For some more examples, see the Python wiki.
Functions
Define functions using the def keyword:
def my_function(name):
print "Hello, %s!" % name
my_function("Batman")
my_function("Superman")
Tuples
Python has a special datatype called tuples, which are essentially short arrays useful for storing data that is associated with each other. They can also serve as convenient ways to assign multiple variables at once:
first_name, last_name = ("John", "Smith") # this is our tuple
Tuples also enable you to have multiple return values from a function:
def compute_length(string):
str_len = len(string)
if str_len < 5:
return (str_len, "short")
elif str_len < 40:
return (str_len, "medium")
else:
return (str_len, "long")
length, description = compute_length("Four score and seven years ago")
print "The %s string is %d characters long." % (description, length)

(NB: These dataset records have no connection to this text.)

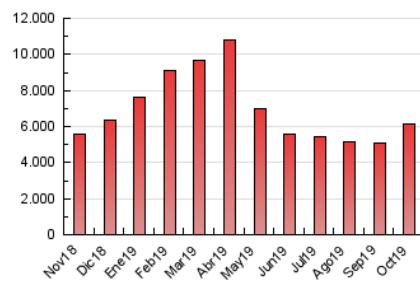

Páginas (x 1000)
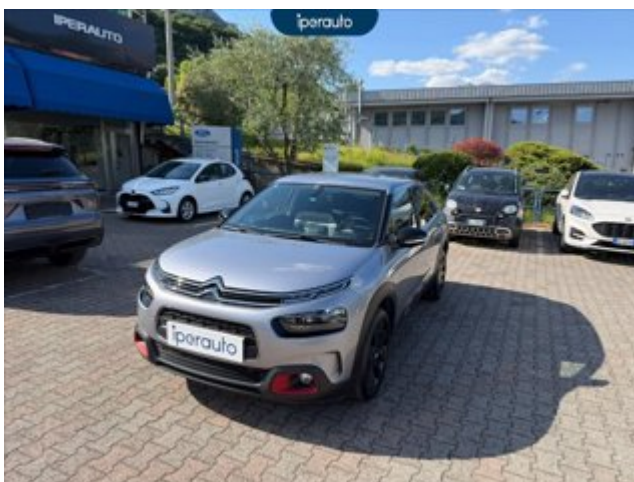

CITROEN C4 cactus 1.2 puretech shine s&s 110cv eat6

Prezzo in promozione

€ 9.900

DATI PRINCIPALI

Tipo di veicolo: Usata, **Immatricolazione:** 10/2019, **Chilometraggio:** 74.000, **Garanzia:** Garanzia del concessionario, **Carrozzeria:** Crossover, 5 porte, 5 posti, **Colore esterno:** Grigio, **Cilindrata:** 1.199 cm³, **Alimentazione:** Benzina, **Potenza:** 110 CV(81 kW), **Cambio:** Automatico, **Trazione:** Anteriore, **Peso a vuoto:** 1.165 kg, **Combinato:** 5,10 l / 100 km, **Urbano:** 6,20 l / 100 km, **Extraurbano:** 4,50 l / 100 km, **Emissioni di CO2:** 117,00 g CO2/km (combinato), **Classe emissioni:** Euro 6D-temp
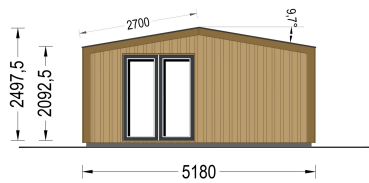

GARTENHAUS ERMONES (34MM + HOLZVERSCHALUNG), 5X5M, 25M²

€ 7752,00

Das Gartenhaus ERMONES vereint klassische Schönheit mit zeitgenössischem Design. Mit einer robusten 34 mm Blockbohlenkonstruktion und ansprechender Holzverschalung strahlt es zeitlose Eleganz aus. Die großzügigen Fensterflächen schaffen eine lichtdurchflutete Atmosphäre im Inneren, während der offene Schnitt ein Gefühl von Geräumigkeit und Komfort vermittelt.

Kategorien: [Blockbohlenhaus mit Wandverschalung](#)

GALERIEBILDER

BESCHREIBUNG

GARTENHAUS ERMONES (34MM +

HOLZVERSCHALUNG), 5X5M, 25M²

Willkommen zu ERMONES – dem Gartenhaus aus Holz, das durch sein durchdachtes Design und seine hochwertige Ausstattung ein Höchstmaß an Wohnkomfort bietet. Mit einer 34 mm Holzverschalung und einer großzügigen Fläche von 20 m² vereint dieses Modell Eleganz und Funktionalität in perfekter Harmonie.

Exzellenter Architekturstil:

ERMONES präsentiert einen exzellenten Architekturstil, der das Beste aus beiden Welten vereint: modernen Minimalismus und traditionelle Formen. Die 34 mm starke Holzverschalung sorgt für eine zeitlose Eleganz, während klare Linien und moderne Details dem Gartenhaus einen Hauch von Exklusivität verleihen.

Wandaufbau:

Holzverschalung

TECHNISCHE DATEN

Grundfläche	25 m²
Fußboden	
Marke	Premium Gartenhaus
Raumanzahl	1
Haus Typ	Modern
Dachform	Satteldach
Holzbehandlung	Unbehandelt
Verglasung	Doppelverglasung
Tiefe	518 cm
Wandstärke	34 mm + Wandverschalung
Terrasse	ohne Terrasse
Breite	518 cm
Außenmaß	518 x 518 cm
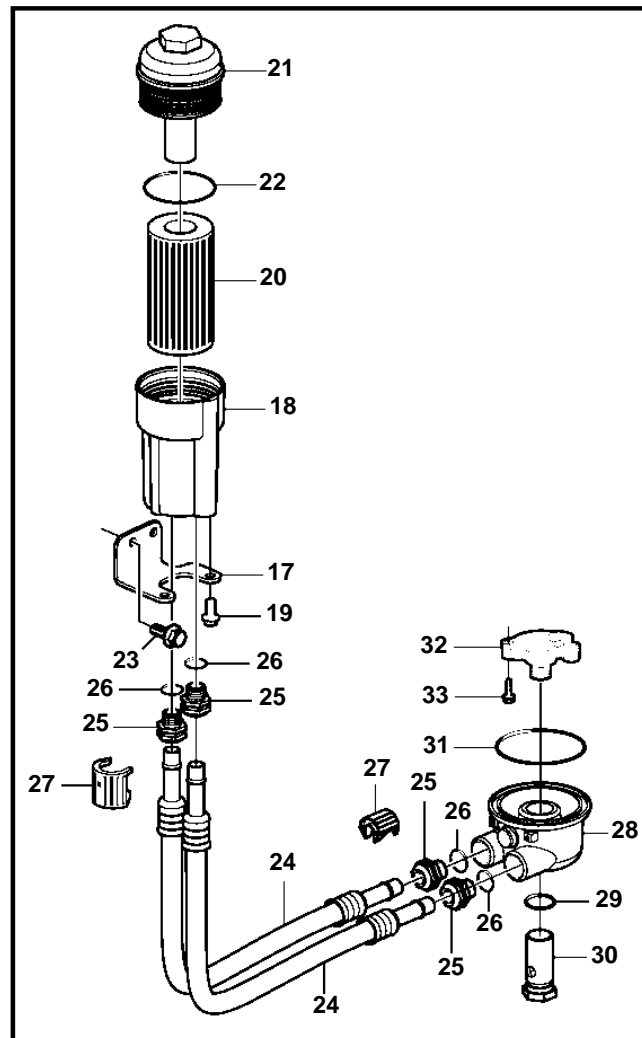

5.0GXi-J, 5.0GXi-JF, 5.0OSi-J, 5.0OSi-JF

24072

5.0GXi-J, 5.0GXi-JF, 5.0OSi-J, 5.0OSi-JF

REF	PART NO.	QTY	DESCRIPTION	NOTES
1	3856125	1	Oil pump	
2	3856126	1	Strainer	
3	3853198	1	Shaft	
4	3853199	1	Retainer	
5	3855972	2	Pin	
6	3853234	1	Bolt	
7	3852744	1	Baffle	
8	3862354	6	Stud	
9	3857664	5	Nut	
10	3857778	1	Sump	
11	3856138	1	Gasket kit	
12	3856121	1	Reinforcement	Starboard
13	3856120	1	Reinforcement	Port
14	3853202	4	Stud	
15	3856930	4	Nut	
16	3852595	14	Bolt	
17	21106491	1	Bracket	
18	3886659	1	Oil reservoir	
19	3595499	2	Screw	
20	8692305	1	Oil filter	
21	3875234	1	Cardboard tube	
22		1	· O-ring	not sold separately
23	3595499	2	Screw	
24	3887657	2	Hose assembly	
25	3886181	4	Fitting screw	
26		4	· O-ring	not sold separately
27	3888543	4	Clip	
28	3886019	1	Adapter	
29	3852089	1	O-ring	
30	3853495	1	Retainer	
31	3852470	1	O-ring	
32	3852219	1	Valve	
33	3852133	2	Screw	
34	3595311	1	Dipstick tube	
35	3852033	1	O-ring	
36	3851981	1	Washer	
37	3587783	1	Fitting	
38	3853674	1	O-ring	
39	3852007	1	Washer	
40	888958	1	Retainer	
41	21107444	1	Dipstick	
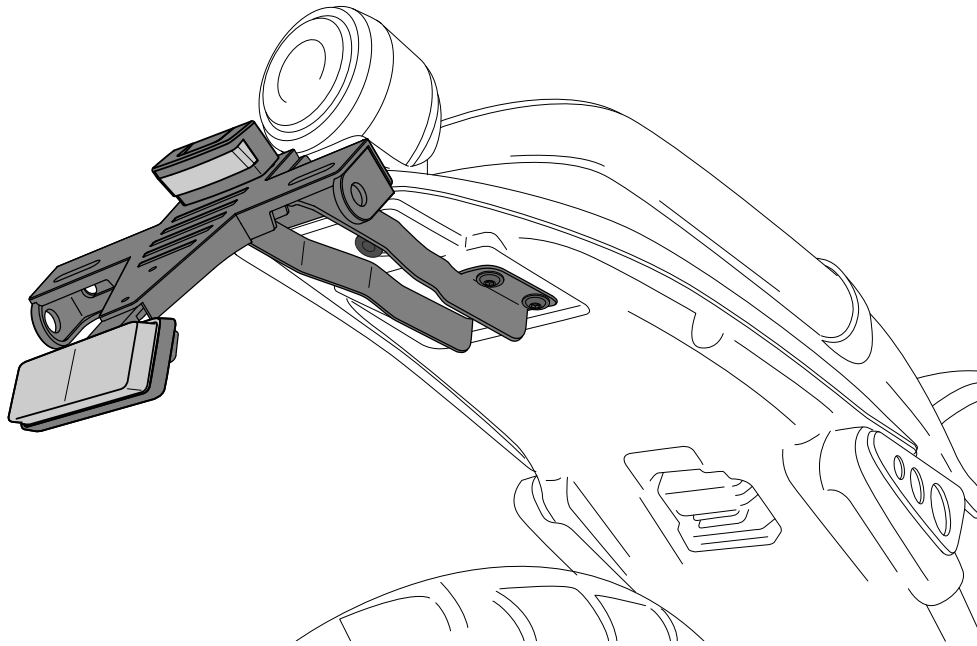

YAMAHA XSR 125 '21

REF 20282N

PORTAMATRÍCULA / LICENSE SUPPORT

1 Person

1 hour

INTERMEDIATE

Accesorio verificado en la configuración básica de la motocicleta. Para modelos con configuraciones extras de fábrica. No podemos asegurar su compatibilidad, salvo consulta previa. Declinamos cualquier eventual reclamación.
Accessory verified in the basic configuration of the motorcycle. For models with extra factory settings. We cannot assure its compatibility, except for prior consultation. We decline any eventual claim.

ID.	PIEZA / PART	DESCRIPCIÓN	ESCRPTION	QTY.	REF.:
1		Soporte portamatrículas	License support	1	CONJUNTO-20282N
2		Tornillo M6x15 DIN1001 (Negro)	M6x15 DIN1001 screw (Black)	4	TORNI-I7380-403
3		Arandela M6 DIN9023 (Negro)	M6 DIN9023 washer (Black)	4	ARANDPD9021-037
4		Tuerca M6 DIN6923 (Negro)	M6 DIN6923 washer (Black)	4	TUERCAEM6G-0213
5		Silenblock goma Ø22	Rubber silentblock Ø22	1	SILENB000000036
6		Brida de plástico	Plastic bridle	5	BRIDAN100X2'5N
7		Luz portamatrículas	Back light	1	5577N
8		Catadrióptico	Reflector	1	4481R
9		Tapón cabota tornillo M6 DIN1001	M6 DIN1001 screw cap	8	TAPON-----85
10		Tapón cabota tornillo M5 DIN1001	M5 DIN1001 screw cap	1	TAPON-----86

The above example also demonstrates Python's if...elif...else conditional structure.
Dictionaries
Python has another datatype called dictionaries, which are like maps in Java, associative arrays in PHP, and object literals in JavaScript (coming up soon in Module 6). Essentially, they enable you to use strings as the keys in your data structure.
fruits_in_bowl = {
'apple': 4,
'banana': 2,
'cherry': 0,
'date': 12
}
for fruit, num in fruits_in_bowl.items():
print "There are %d %s(s) in the bowl." % (num, fruit)
Import
If you want to use functions from other libraries (including ones that you install using pip), use import:
import time
current_time = time.localtime()
print time.strftime('%a, %d %b %Y %H:%M:%S', current_time)
If you want to pull the functions out of their namespace, you can use from ___ import ___ syntax:
from time import localtime, strftime
current_time = localtime()
print strftime('%a, %d %b %Y %H:%M:%S', current_time)
# Be aware that this technique, although convenient, may cause unexpected behavior if the function names that you're pulling out of the namespace are already used for other purposes in Python.
File I/O
You can read an entire file into a variable like this:
f = open("example.txt")
file_contents = f.read()
f.close() # free up memory when we're finished with the file
You can read a file line-by-line like this:
f = open("example.txt")
for line in f:
print "Read line: %s" % line.rstrip()
f.close()
You can write to a file like this:
# the `with` block will automatically call f.close() at the end so you don't forget:
with open("example.txt", "w") as f:
f.write("Hello\nWorld\n")
Object-Oriented Programming
You can define and use a class like this:
class Food:
# constructor:
def __init__(self, name):
self.name = name
@staticmethod
def get_definition():
return "Food is nourishment for carbon-based lifeforms."
def format_name(self):
return "Gotta love to eat " + self.name
class Fruit(Food):
def format_name(self):
return Food.format_name(self) + " (fruit)"
fruit = Fruit("Cherry")
print fruit.format_name()
print Food.get_definition()
This is the same example as in the PHP guide.
Some things to notice:
- Static methods require the @staticmethod decorator
- Non-static methods always take self as their first argument, followed by any number of additional parameters. This can be misleading for programmers familiar with other languages, because the number of arguments you feed to the method is actually one less than the number of declared parameters. Whenever you call a method on a class instance, that instance is implicitly fed into the explicitly-declared self parameter of the method.
- Take home message is that you need to add an additional parameter, self, at the beginning of any instance method.
- There is no need for a new keyword in Python.